WHAT THE TASK REQUIRES -> Each of the entries below should be written out exactly as it reads.

SUPPLIED DATA ->
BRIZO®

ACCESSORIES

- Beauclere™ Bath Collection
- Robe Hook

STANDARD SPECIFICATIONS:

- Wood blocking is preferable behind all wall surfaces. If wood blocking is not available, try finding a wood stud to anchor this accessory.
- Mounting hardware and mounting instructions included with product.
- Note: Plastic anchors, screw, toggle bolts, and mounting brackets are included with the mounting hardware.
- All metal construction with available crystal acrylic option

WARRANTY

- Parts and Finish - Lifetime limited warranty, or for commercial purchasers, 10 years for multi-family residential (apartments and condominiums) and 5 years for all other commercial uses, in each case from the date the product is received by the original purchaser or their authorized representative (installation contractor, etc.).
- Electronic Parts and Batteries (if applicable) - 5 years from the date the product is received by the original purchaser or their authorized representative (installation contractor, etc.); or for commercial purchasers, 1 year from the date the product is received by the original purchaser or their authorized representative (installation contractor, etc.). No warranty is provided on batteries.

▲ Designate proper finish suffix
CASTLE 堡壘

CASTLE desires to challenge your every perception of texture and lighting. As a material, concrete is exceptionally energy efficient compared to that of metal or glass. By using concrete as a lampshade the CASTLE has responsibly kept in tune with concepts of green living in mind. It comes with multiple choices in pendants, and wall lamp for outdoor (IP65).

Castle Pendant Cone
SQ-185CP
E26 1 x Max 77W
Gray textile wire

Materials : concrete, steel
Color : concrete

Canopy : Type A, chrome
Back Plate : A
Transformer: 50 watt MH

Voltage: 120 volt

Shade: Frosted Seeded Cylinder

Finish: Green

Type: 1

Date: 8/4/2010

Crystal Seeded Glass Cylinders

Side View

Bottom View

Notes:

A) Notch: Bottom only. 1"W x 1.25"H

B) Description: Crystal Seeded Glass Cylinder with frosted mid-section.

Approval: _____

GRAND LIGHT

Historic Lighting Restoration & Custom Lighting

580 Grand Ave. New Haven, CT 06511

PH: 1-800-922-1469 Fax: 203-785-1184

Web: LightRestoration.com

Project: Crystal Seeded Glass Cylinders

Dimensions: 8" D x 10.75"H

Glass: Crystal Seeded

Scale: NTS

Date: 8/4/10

REPLY TO THE TASK ->
BRIZO®

ACCESSORIES

- Beauclere™ Bath Collection
- Robe Hook

STANDARD SPECIFICATIONS:

- Wood blocking is preferable behind all wall surfaces. If wood blocking is not available, try finding a wood stud to anchor this accessory.
- Mounting hardware and mounting instructions included with product.
- Note: Plastic anchors, screw, toggle bolts, and mounting brackets are included with the mounting hardware.
- All metal construction with available crystal acrylic option

WARRANTY

- Parts and Finish - Lifetime limited warranty, or for commercial purchasers, 10 years for multi-family residential (apartments and condominiums) and 5 years for all other commercial uses, in each case from the date the product is received by the original purchaser or their authorized representative (installation contractor, etc.).
- Electronic Parts and Batteries (if applicable) - 5 years from the date the product is received by the original purchaser or their authorized representative (installation contractor, etc.); or for commercial purchasers, 1 year from the date the product is received by the original purchaser or their authorized representative (installation contractor, etc.). No warranty is provided on batteries.

▲ Designate proper finish suffix
CASTLE 堡壘

CASTLE desires to challenge your every perception of texture and lighting. As a material, concrete is exceptionally energy efficient compared to that of metal or glass. By using concrete as a lampshade the CASTLE has responsibly kept in tune with concepts of green living in mind. It comes with multiple choices in pendants, and wall lamp for outdoor (IP65).

Castle Pendant Cone
SQ-185CP
E26 1 x Max 77W
Gray textile wire

Materials : concrete, steel
Color : concrete

Canopy : Type A, chrome
Back Plate : A
Transformer: 50 watt MH

Voltage: 120 volt

Shade: Frosted Seeded Cylinder

Finish: Green

Type: 1

Date: 8/4/2010

Crystal Seeded Glass Cylinders

Side View

Bottom View

Notes:

A) Notch: Bottom only. 1"W x 1.25"H

B) Description: Crystal Seeded Glass Cylinder with frosted mid-section.

Approval: _____

GRAND LIGHT

Historic Lighting Restoration & Custom Lighting

580 Grand Ave. New Haven, CT 06511

PH: 1-800-922-1469 Fax: 203-785-1184

Web: LightRestoration.com

Project: Crystal Seeded Glass Cylinders

Dimensions: 8" D x 10.75"H

Glass: Crystal Seeded

Scale: NTS

Date: 8/4/10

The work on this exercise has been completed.